INSTRUCTIONS FOR THE TASK:
What you return must be the lines of the data that hold the word "Pearl".

───── TASK INPUT

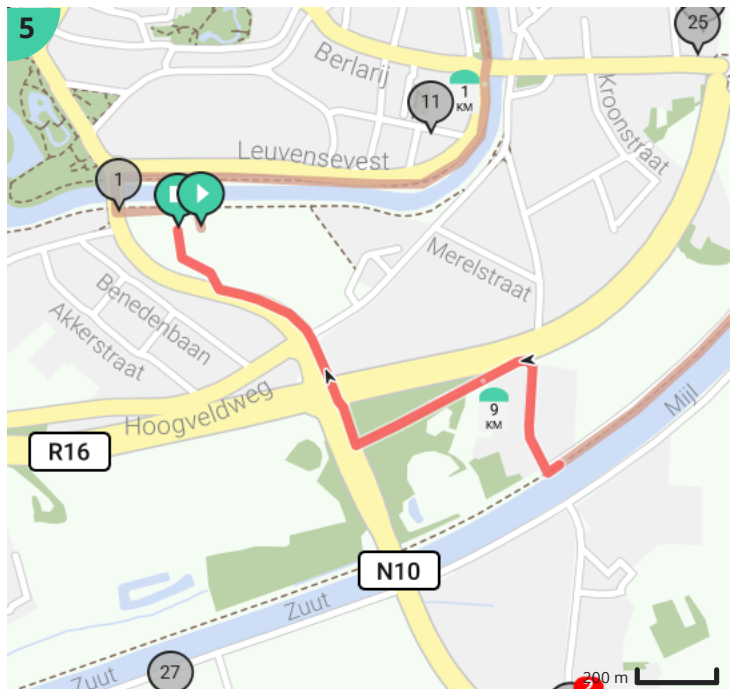

# Lier Omwalde hoeven

Bekijk op mobiel

Door Ruth De Bie

- Lengte: 9.79 km
- Stijging: 20 m
- Moeilijkheidsgraad: 4/10
- Aarschotsesteenweg 1, 2500 Lier, Vlaanderen, België
- Aarschotsesteenweg 1, 2500 Lier, Vlaanderen, België

## Legende

- Route
- Bezienswaardigheid
- Steilheid van beklimming
- Steilheid van afdaling

Totaal	Type	Kaart- nummer	Informatie	Uurrooster 5 km/h	Volgende
0.0 km		1		0 min	35 m
0.04 km		1		0 min	140 m
0.18 km		1		2 min	62 m
0.18 km		1	Start Route Veleau Lier		
0.24 km		1		2 min	195 m
0.24 km		1	Begijnhof		
0.24 km		1	De Zimmertoren		
0.24 km		1	Zimmertoren		
0.24 km		1	Begijnhof Lier		
0.24 km		1	Sint-Margaritakerk		
0.24 km		1	Lier		
0.33 km		1	Sint-Gummarus Collegiale kerk		
0.37 km		1	Sint-Gummaruskerk		
0.4 km		1	Sint-Pieterskapel		
0.43 km		1		5 min	264 m
0.47 km		1	Jezuïetenkerk		
0.7 km		1		8 min	78 m
0.78 km		1		9 min	76 m
0.81 km		1	Belgica		
0.85 km		1		10 min	57 m
0.91 km		1		10 min	60 m
0.97 km		1		11 min	39 m
1.01 km		1		12 min	37 m
1.05 km		1		12 min	88 m
1.14 km		1		13 min	114 m
1.25 km		1		15 min	68 m
1.32 km		1		15 min	82 m
1.37 km		1	Samenvloeiing Kleine en Grote Nete		
1.4 km		1		16 min	52 m
1.46 km		1	Groot Spui		

1.46 km		1		17 min	37 m
1.49 km		1		17 min	30 m
1.52 km		1		18 min	55 m
1.52 km		1	Nete		
1.58 km		1		18 min	56 m
1.63 km		1		19 min	67 m
1.7 km		1		20 min	32 m
1.74 km		1		20 min	29 m
1.76 km		1		21 min	45 m
1.81 km		1		21 min	83 m
1.89 km		1		22 min	25 m
1.92 km		1		23 min	110 m
2.03 km		2		24 min	130 m
2.16 km		2		25 min	32 m
2.17 km		2	Maasfortbrug		
2.19 km		2		26 min	34 m
2.23 km		2		26 min	74 m
2.3 km		2		27 min	73 m
2.37 km		2		28 min	68 m
2.44 km		2		29 min	37 m
2.48 km		2		29 min	67 m
2.49 km		2	Netekanaal aquaduct		
2.55 km		2		30 min	89 m
2.64 km		2		31 min	94 m
2.73 km		2		32 min	23 m
2.76 km		2		33 min	40 m
2.8 km		2		33 min	42 m
2.84 km		2		34 min	40 m
2.88 km		2		34 min	65 m
2.94 km		2		35 min	73 m
3.02 km		2		36 min	23 m
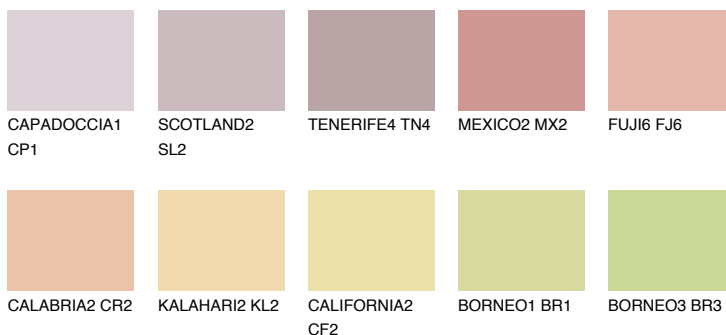

УТАН2 UT2

 54% **TSR** 61%

Соодветна нијанса

COLOURS OF NATURE ПАЛЕТА

ПАЛЕТА НА ИНТЕНЗИВНИ БОИ

За повеќе информации за малтери и бои, посетете

www.ceresit.mk

Презентираните нијанси се однесуваат на малтери и бои што ги нуди Ceresit. Поради употребата на дигитални техники, презентираниите бои можеби не ги претставуваат оригиналните, па затоа не можат да се сметаат за сигурна презентација на бои. Препорачуваме да ги проверите автентичните тон карти на Ceresit.
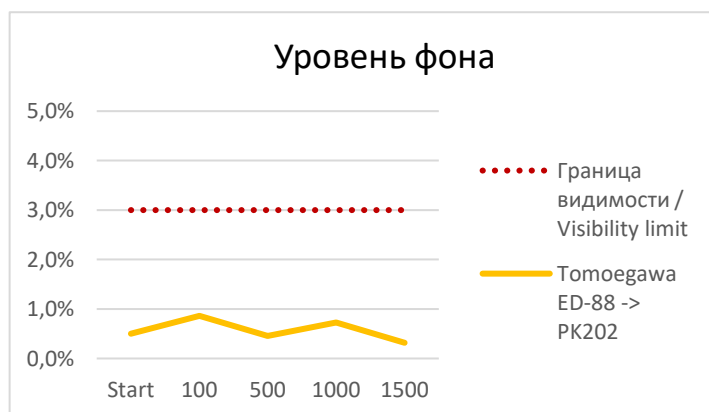

Уровень фона и плотность печати при использовании тонера PK202 после тонера Томоегава ED-88 без предварительной очистки блока проявки
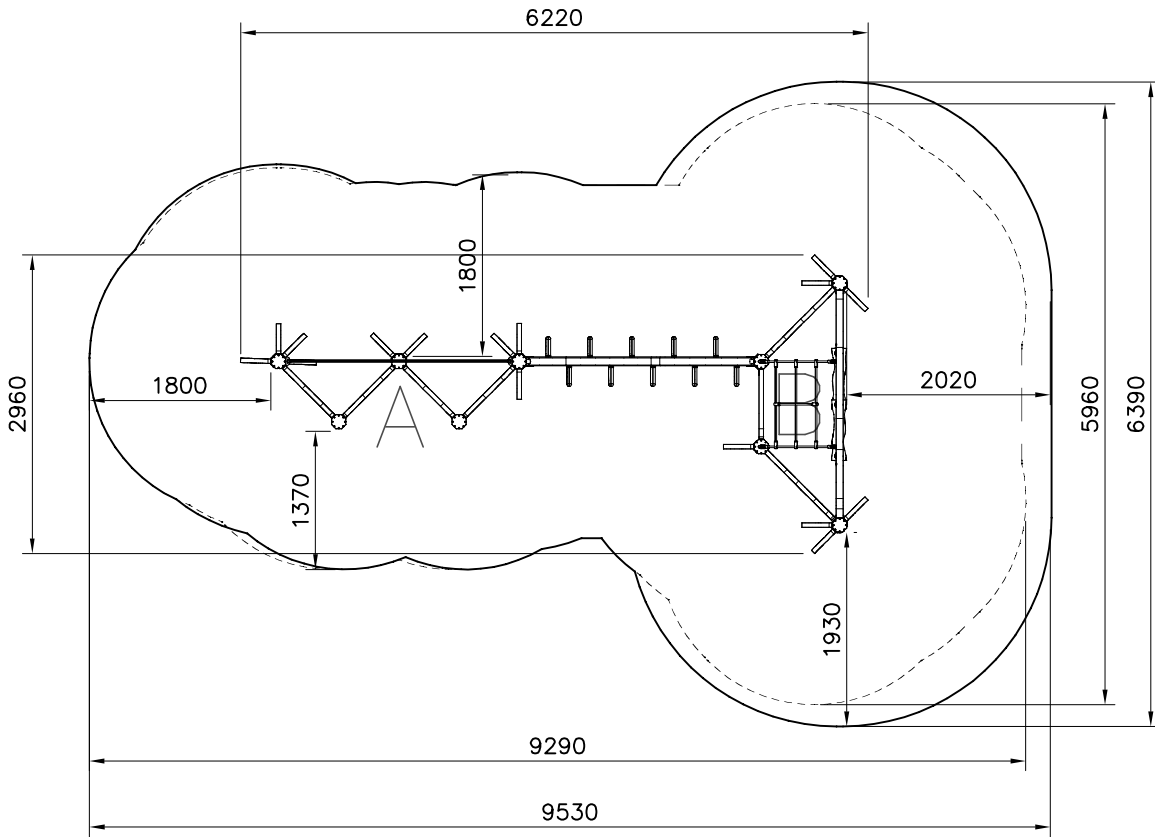

LAPPSET®

FLORA

ASENNUSOHJE
MONTERINGSANSVISNING
INSTALLATION INSTRUCTION
AUFBAUANLEITUNG
NOTICE D'INSTALLATION

DATE: 2.9.2024

QFL136

DATE: 2.9.2024

702286	PCS 1	705197-001	PCS 2	705214-001	PCS 4	705377-001	PCS 4	705431-001	PCS 1	708573-001	PCS 3
											
65x65		45x145x724		45x145x724		140x140x2594		68x260x2280		140x140x1200	
708585	PCS 1	708615-001	PCS 2	708620-001	PCS 2	711514-001	PCS 16	711540-001	PCS 1	711548	PCS 1
											
Ø16x2260		140x140x1200		45x145x979							
711556-001	PCS 1	903093	PCS 30	903112	PCS 9	905104	PCS 72	980114	PCS 4		PCS
											
		Ø8x90		L=750		M10		Ø4x20			
	PCS		PCS		PCS		PCS		PCS		PCS
	PCS		PCS		PCS		PCS		PCS		PCS
	PCS		PCS		PCS		PCS		PCS		PCS

— EN/AS Impact Area 41.7 m²
- - - Falling Space 38.1 m²
Grid size = 1000mm

- EN/AS Impact Area 41.7 m²
- - - Falling Space 38.1 m²
Max Falling Height 2350 mm

<p>DET 1</p>	<p>DET 2</p>	<p>DET 3</p>	<p>DET 4</p>
<p>DET 5</p>	<p>DET 6</p>	<p>DET 7</p>	<p>DET 8</p>
<p>DET 9</p>			
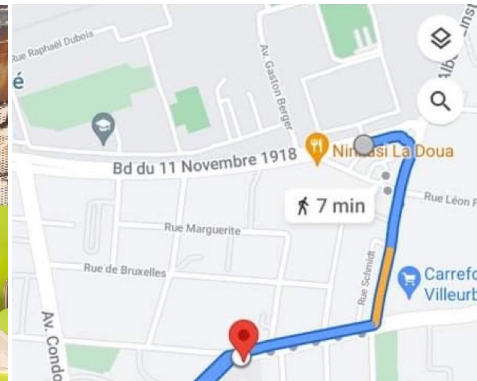

Liste des hébergement à proximité du centre

Hotel IBIS Styles (650 mètres)

130 boulevard du 11 novembre 69100 Villeurbanne

04-78-85-95-95

[Site web](#)

Natural BNB (1,1km)

56 rue de la filature 69100 Villeurbanne

page 2 sur 5 V3 2 janvier 2026

Hotel Temporim PART-DIEU (3km)
30 avenue Georges Pompidou 69003 LYON
04-72-13-41-41
[Site web](#)

Liste des restaurants à proximité du centre

A la bonne franquette (150 mètres)
11 rue Marteret 69100 Villeurbanne
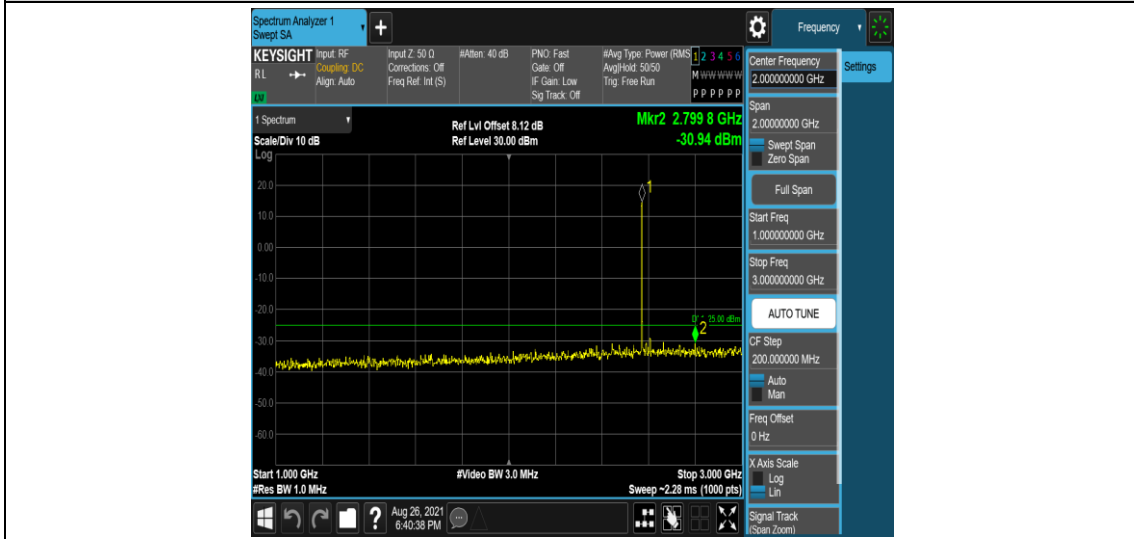

Band38-15MHz-16QAM-38175-1RB#0-Range5:3000~26500MHz

Band38-20MHz-QPSK-37850-1RB#0-Range1:0.009~0.15MHz

Band38-20MHz-QPSK-37850-1RB#0-Range2:0.15~30MHz

Band38-20MHz-QPSK-37850-1RB#0-Range3:30~1000MHz

Band38-20MHz-QPSK-37850-1RB#0-Range4:1000~3000MHz
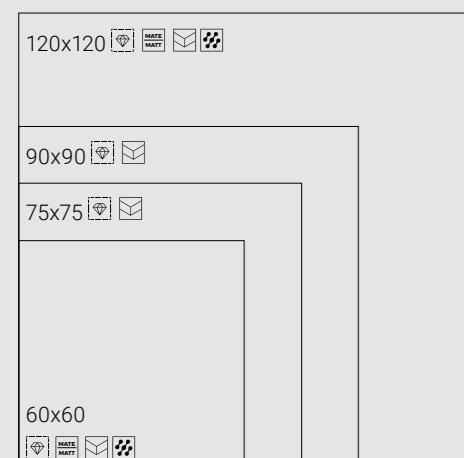

Malla Tris Crepuscolo Pearl
 30x30 (5,7x5,7x5,7)

Malla Hex Crepuscolo Pearl
 32,5x22,5

Piezas complementarias
 Complementary Tiles / Pièces Complémentaires

Formatos / Formats

Formato	Pz/cj	Pz/pl	M²/cj	M²/pl	Cj/pl	Kg/cj	Kg/Total
30x60 (C)	6	288	1,08	51,84	48	22,00	1076
45x90	3	132	1,21	53,24	44	28,70	1282,8
60x60	4	120	1,44	43,2	30	30,00	920
60x120	2	64	1,44	46,08	32	34,50	1129
75x75	3	90	1,69	50,7	30	41,20	1256
75x150	1	40	1,13	45,2	40	28,00	1184
90x90	2	54	1,62	43,74	27	40,00	1110
120x120	1	36	1,44	51,84	36	38,40	1422,4
MALLA HEX	9	432	0,65	31,2	48	13,50	668
MALLA TRIS	7	336	0,63	30,24	48	15,40	759,2
MALLA (5)	11	462	1,00	42	42	23,00	986
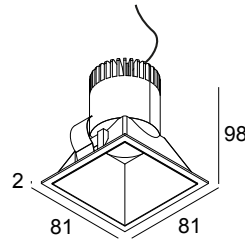

PARTOU S IP 93025 W

25216 9320 W

BESCHIKBAAR IN
ZWART 25216 9320 B
WIT 25216 9320 W

 [Bekijk op website](#)

Algemene info

LOCATIE	binnen
INSTALLATIE	Plafond Inbouw
ZAAGMAAT/OPENING (MM)	square - 76 x 76
INBOUWDIEPTE (MM)	100
DIKTE MONTAGEOPPERVLAK (MM)	min.5
STOF EN WATERDICHTHEID	IP44/20
GEWICHT (KG)	0.2
RICHTBAARHEID	niet richtbaar
INFO	REFLECTOR FL-25° EXCL.LED POWER SUPPLY 350-500mA-DC

Elektrische info

KLASSE	III
ENERGIE KLASSE	E

Info lichtbron

Lightsource Name	LED
Lichtbron	LED array 5,8-8,6W / CRI>90 (R9: 52) / 3000K / 734-1018lm
TM-30-15 Waarden	Rf: 90 / Rg: 99
SDCM	SDCM1
Risk-groep	RG1
LM80	L90B10 > 50000
LED techniek (lichtbron)	1018lm // 8,6W // 118lm/W
LED techniek (toestel)	782lm // 10W // 79lm/W
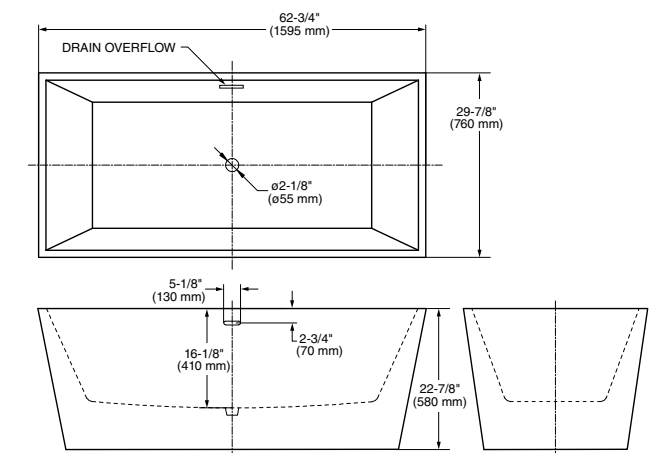

- Capacidad: 273 Lts.
- Medidas: Largo 159.5 cm x ancho 76 cm x 58 cm profundidad

Sin Hidromasaje

- Peso: 47 kg.
- Acrílico fundido de alto brillo
- Ranura grande para evitar desbordamiento
- 1 Desagüe integrado Push/Foot
- No incluye mezcladora, se vende por separado
- Incluye sistema de nivelación

Código: 2766 014

Color disponible:
.020 Blanco

PRODUCTO
N
NUEVO
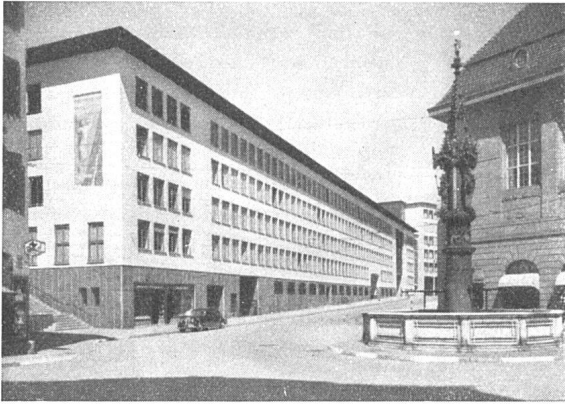

Das mottensichere

**Antimott-
 Polstermöbel**

Kyburz Sitzmöbelfabrik AG. Zürich

Lessingstraße 5

Tel. (051) 23 55 21

Bezugadressen auf Wunsch erhältlich

**GÖHNER
 TÜR + FENSTER
 NORMEN**

sind rasch lieferbar

WEGA-Norm-Kachelofen für Siedlungsbauten
 Entwurf aus unserem Technischen Büro,
 Fehrenstr. 8, Zürich 32, Tel. (051) 24 72 96

GANZ & CIE EMBRACH A.G.

Polizei-Verwaltungsgebäude Spiegelhof Basel Photo: Photoglob
Von der Mühl & Oberrauch, Architekten, Basel

──────────

RESULT OF THE EXERCISE:
Malla Tris Crepuscolo Pearl
Malla Hex Crepuscolo Pearl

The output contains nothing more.